# Measuring S.g. Of Cider Ingredients



## machalel (15/2/12)

Hi all,
On the weekend I started my first cider with real fruit, and had a few things that didn't go as planned / stumped me.
I'm doing an Apple, pear, and plum, and without a fruit press, had to resort to a food processor. This is when I ran into my first problem - I had no clue how to measure the specific density of this pulp. I am assuming that the yeast will consume some of the sugars in the solids, so my final ABV will be more than what I can estimate?
The second issue was that when I pitched everything into the primary and took a reading, it was much too low (1.028). This is in part due to me adding too much water, but also (I assume) because I didn't "press" the juice?
This leads to my third problem, where I added extra juice concentrate. I measured the SG of this concentrate, and it was 1.091. How do I put this into Beersmith, as it doesn't accept anything over 1.046...?
Fourth issue is that I'm assuming this will be quite dry. I have read about adding some lactose to help sweeten it a bit, but have never done this before. Can I add this after fermentation? And how much do I add to get it to semi-sweet? I'll put up my exact recipe when I get home for everyone to pick apart 
Oh, and my final starting gravity ended up being 1.036.


----------



## Airgead (15/2/12)

Machalel said:


> Hi all,
> On the weekend I started my first cider with real fruit, and had a few things that didn't go as planned / stumped me.
> I'm doing an Apple, pear, and plum, and without a fruit press, had to resort to a food processor. This is when I ran into my first problem - I had no clue how to measure the specific density of this pulp. I am assuming that the yeast will consume some of the sugars in the solids, so my final ABV will be more than what I can estimate?
> The second issue was that when I pitched everything into the primary and took a reading, it was much too low (1.028). This is in part due to me adding too much water, but also (I assume) because I didn't "press" the juice?
> ...



OK.. first up, adding yeast to fruit pulp will get you fermented fruit pulp. You still need some way to extract the juice from the pulp. Much better to do that bwefore fermentation as doing it after you get off flavours from the oxidising pulp etc. You also shouldn't need to add water at all. A cider is usually 100% juice. No water. Juice on its own is around 1.040 to 1.050 or so. No water required.

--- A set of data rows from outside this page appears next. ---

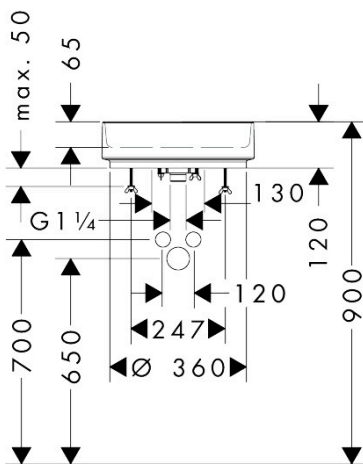

Merk	hansgrohe
Artikelnaam	Xuniva Evo S waskom 400/400 zonder kraangat en overloop
Art.nr.	60323760
Oppervlakte	Slate Matt Grey
Netto prijs	702,00 EUR

Product foto

Kenmerken

- materiaal: keramiek
- buitenste afmetingen wastafel: 400 x 400 x 120 mm (b x d x h)
- binnelhoogte wastafel: 65 mm
- glansgraad: mat
- inclusief verborgen afvoer
- zonder kraangat
- zonder overloop
- zonder planchet
- met afvoergarnituur
- montagewijze: opgebouwd
- met bevestigingsmateriaal
- overloopklasse: CL00

Maat tekeningen

Merk	hansgrohe
Artikelnaam	Xuniva Evo S waskom 400/400 zonder kraangat en overloop
Art.nr.	60323760
Oppervlakte	Slate Matt Grey
Netto prijs	702,00 EUR

Installatievoorbeelden

i Afmetingen kunnen variëren vanwege keramische toleranties die verband houden met het productieproces.

Merk hansgrohe
Artikelnaam **Xuniva Evo S** waskom 400/400 zonder kraangat en overloop
Art.nr. 60323760
Oppervlakte Slate Matt Grey
Netto prijs 702,00 EUR

Explosietekening voor bouwjaar: >09/25

Merk hansgrohe
 Artikelnaam **Xuniva Evo S** waskom 400/400 zonder kraangat en overloop
 Art.nr. 60323760
 Oppervlakte Slate Matt Grey
 Netto prijs 702,00 EUR

Onderdelen voor bouwjaar: >09/25

Pos	Beschrijving	Art.nr.	Prijs
1	afvoer	87027000	34,01
2	dichting	87028000	3,12
3	bevestigingsmateriaal	87029000	17,26
4	steel met borstel	87030000	42,22

Beersmith (and all brewing software to date) is really bad at ingredients like juice that provide both sugar and water content. They just can't handle it. All the measurements in beersmith aren't the SG of the ingredient but the contribution to SG of the brew in points per pound per gallon (so one pound of a 1.00 ingredient in 1 gallon will raise the SG by 1 point). That's a really hard calculation to do. I usually don't bother.

Cheers
Dave


----------



## machalel (15/2/12)

Airgead said:


> OK.. first up, adding yeast to fruit pulp will get you fermented fruit pulp. You still need some way to extract the juice from the pulp. Much better to do that bwefore fermentation as doing it after you get off flavours from the oxidising pulp etc. You also shouldn't need to add water at all. A cider is usually 100% juice. No water. Juice on its own is around 1.040 to 1.050 or so. No water required.
> 
> Beersmith (and all brewing software to date) is really bad at ingredients like juice that provide both sugar and water content. They just can't handle it. All the measurements in beersmith aren't the SG of the ingredient but the contribution to SG of the brew in points per pound per gallon (so one pound of a 1.00 ingredient in 1 gallon will raise the SG by 1 point). That's a really hard calculation to do. I usually don't bother.
> 
> ...



Thanks Dave,

Yeah I had a bit of a brain-fart (it _was_ late at night) so half of the fruit is 'pulped' and half is 'pressed' (well, as pressed as I could make it with random kitchen items). Oh, and by pulped I mean blended up in the blender with a bit of water, so it's kinda more like slops than pulp 

Yeah, I now know that I shouldn't add water... I dont know why I did... habbit from making beer I guess?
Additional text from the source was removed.